Confidence and uncertainty calibration
Hallucination is not only about correctness but also about how confidently a model expresses its output. A key evaluation question is whether uncertainty is communicated appropriately. Overconfident but incorrect answers are especially risky in healthcare settings, where they can easily be mistaken for clinical fact.
Human expert review
Despite advances in automation, clinical expert review remains one of the most reliable ways to assess hallucinations. Experts typically evaluate whether outputs are factually correct, whether they introduce unsupported claims, whether important details are missing, and whether the level of certainty matches the evidence. While expensive, this approach is still essential for high-risk workflows and for validating automated evaluation methods.
Moving toward trustworthy healthcare AI
Hallucination prevention is ultimately not about achieving perfect certainty. Clinical practice itself involves uncertainty, interpretation, and incomplete information. The goal instead is to build systems that remain transparent about what they know, what they do not know, and where information originates from.
This requires more than prompt engineering alone. It depends on layered system design: retrieval infrastructure, citation mechanisms, evaluation frameworks, validation strategies, and continuous monitoring.
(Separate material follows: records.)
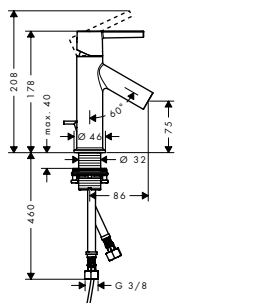

Mezclador monomando de lavabo 80 con manecilla y vaciador automático

- / ComfortZone 80
- / Caudal a 3 bar: 5 l/min
- / Vaciador automático de 1 1/4"
- / Sistema antical QuickClean

Acabados Especiales

cromo	10102000	253,60
Acabados Especiales	10102XXX	380,40

As healthcare AI systems become more integrated into clinical workflows, grounding and traceability will become increasingly important. Trustworthy AI is not simply generated by the model itself, but by the safeguards and engineering decisions surrounding it.
The bottom line
Large language models can be incredibly powerful in healthcare settings, but only when their outputs remain grounded, verifiable, and transparent. Reducing hallucinations is therefore not a single feature or isolated technique. It is an ongoing engineering effort that combines retrieval systems, citation enforcement, different evaluation techniques, and continuous refinement.